■ **WORK TO COMPLETE**
The output is the lines below from the one with "5. F & J Trim" through the one with "14. Ridge Cap", both included, printed exactly and with no other line.

[Opening GIVEN DATA section]

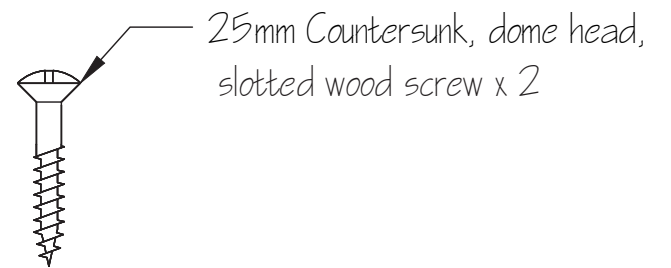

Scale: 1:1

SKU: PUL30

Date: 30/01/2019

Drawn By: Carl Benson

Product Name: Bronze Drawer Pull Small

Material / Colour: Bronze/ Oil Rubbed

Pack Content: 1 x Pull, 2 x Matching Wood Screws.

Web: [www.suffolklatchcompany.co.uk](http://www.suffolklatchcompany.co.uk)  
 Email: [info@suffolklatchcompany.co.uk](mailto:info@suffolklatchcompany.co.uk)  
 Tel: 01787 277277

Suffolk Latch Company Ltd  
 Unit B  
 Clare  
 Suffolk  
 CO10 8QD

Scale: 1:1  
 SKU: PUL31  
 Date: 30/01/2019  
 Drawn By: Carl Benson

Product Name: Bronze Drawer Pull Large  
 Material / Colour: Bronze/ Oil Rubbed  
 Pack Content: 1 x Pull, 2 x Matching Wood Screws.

[Closing GIVEN DATA section]
[Opening GIVEN DATA section]

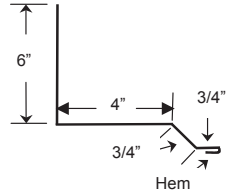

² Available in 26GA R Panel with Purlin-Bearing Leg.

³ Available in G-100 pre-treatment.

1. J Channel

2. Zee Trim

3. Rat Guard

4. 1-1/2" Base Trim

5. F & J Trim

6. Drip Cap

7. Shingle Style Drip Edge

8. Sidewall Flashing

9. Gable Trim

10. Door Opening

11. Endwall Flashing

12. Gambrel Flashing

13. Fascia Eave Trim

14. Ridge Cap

[Closing GIVEN DATA section]

■ **REPLY**
5. F & J Trim

6. Drip Cap

7. Shingle Style Drip Edge

8. Sidewall Flashing

9. Gable Trim

10. Door Opening

11. Endwall Flashing

12. Gambrel Flashing

13. Fascia Eave Trim

14. Ridge Cap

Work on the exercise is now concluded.